Repository files navigation

scRDiT: A tool for virtual scRNA-seq data generating based on Diffusion Transformers, and do accelerated sampling by DDIM.

Data prepare

We put the datasets from the paper as an example in the 'datasets' directory. The dataset read by scRDiT must be a matrix stored as '.npy' files with shape like (sample_size, gene_size). You can edit a script to preprocess the raw data. Put your own dataset in 'datasets' directory and copy the file path to args.dataset_path in settings.py.

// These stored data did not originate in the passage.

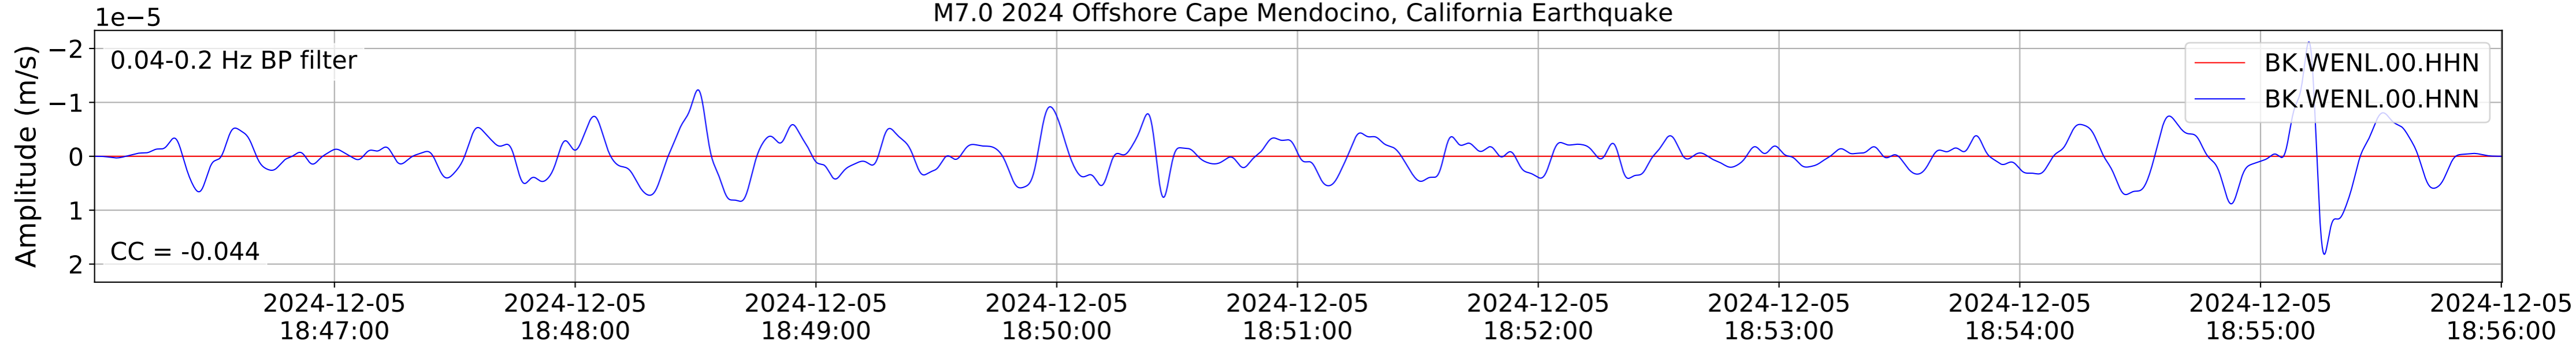

2024.340.184421_M7.0_nc75095651
Origin Time:2024-12-05T18:44:21.110000Z USGS event-id:nc75095651
M7.0 2024 Offshore Cape Mendocino, California Earthquake
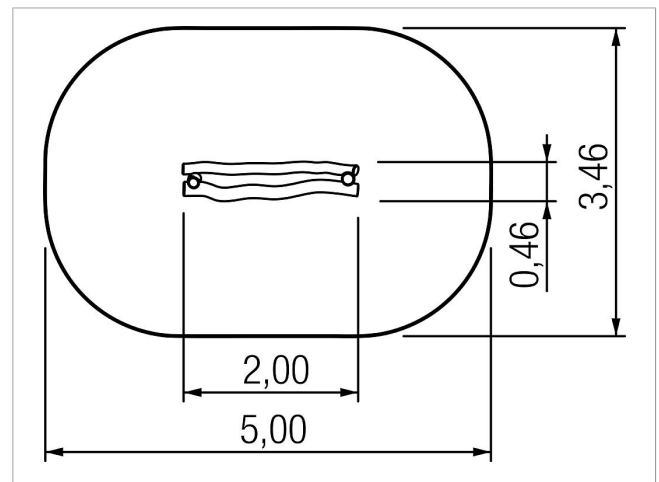

5 45 147 0530 6

**paradiso log bench
Rinal**

made in germany

Scope of delivery

1x seat and foot beam: Robinia

	Material	Robinia
	Foundation level	FL 3
	Minimum space	500x346 cm
	Free falling height	75 cm
	Impact protection net	ca. 10 m ²
	Foundations	2x CF
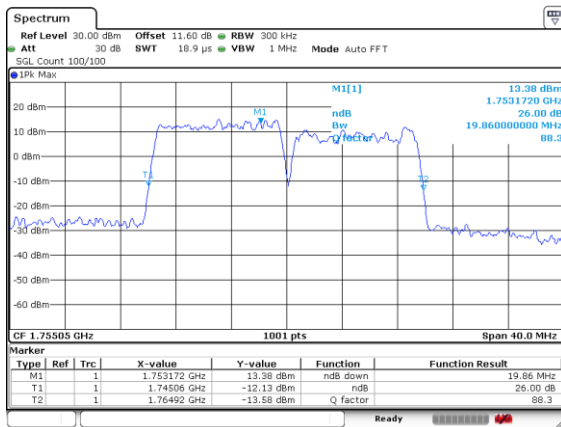

LTE Band 66B

64QAM

Lowest Channel / 10MHz+10MHz

Date: 8.OCT.2020 10:50:35

Lowest Channel / 15MHz+5MHz

Date: 8.OCT.2020 13:01:09

Middle Channel / 10MHz+10MHz

Date: 8.OCT.2020 11:09:23
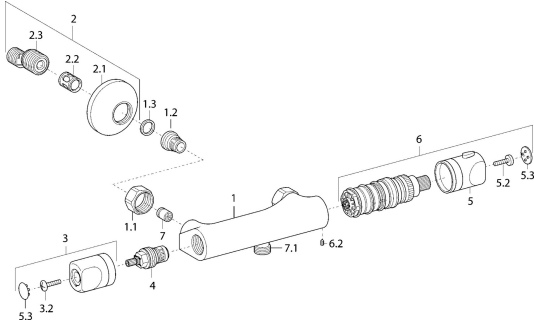

EAN: 4015474082953
static.hansa.com/58150101

Spare parts

SP58150101

	Name	Code
1.1	Connection nut, G3/4, AF30	59902230
1.2	Seat, G1/2, L, WAF10	59904618
1.3	Filter sealing, G3/4	59911076
2	Eccentric, G3/4xG1/2 Chrome	59904793
2.1	Cover flange Chrome	59904796
2.2	Silencer	59904792
2.3	Eccentric connector, G3/4xG1/2, DN15	59910254
3	Flow control handle Chrome	59912627
4	Headpart, G1/2, 90°, (2004-)	59912626
5	Temperature control handle Chrome	59912629
6	Thermostatic cartridge	59912628
7	Non-return valve	59905714
7.1	Thread nipple, G1/2xM18x1	59911384
N.I.	Retaining ring Discontinued	59913890

args.dataset_path = 'datasets/file_name.npy'

Training

All settings of training process are in 'settings.py'. First, set the experiment's name like:

args.run_name = 'run-name'

and the file path of the training checkpoints of this experiment would be ckpts/run-name/run-name_epochX.pt.

We have 2 models, Unet1d() and DiT(), for the noise predictor of DDPMs. Set up the model like:

args.model = Unet1d() or args.model = DiT(input_size: int, patch_size: int, hidden_size: int, depth: int, num_heads: int)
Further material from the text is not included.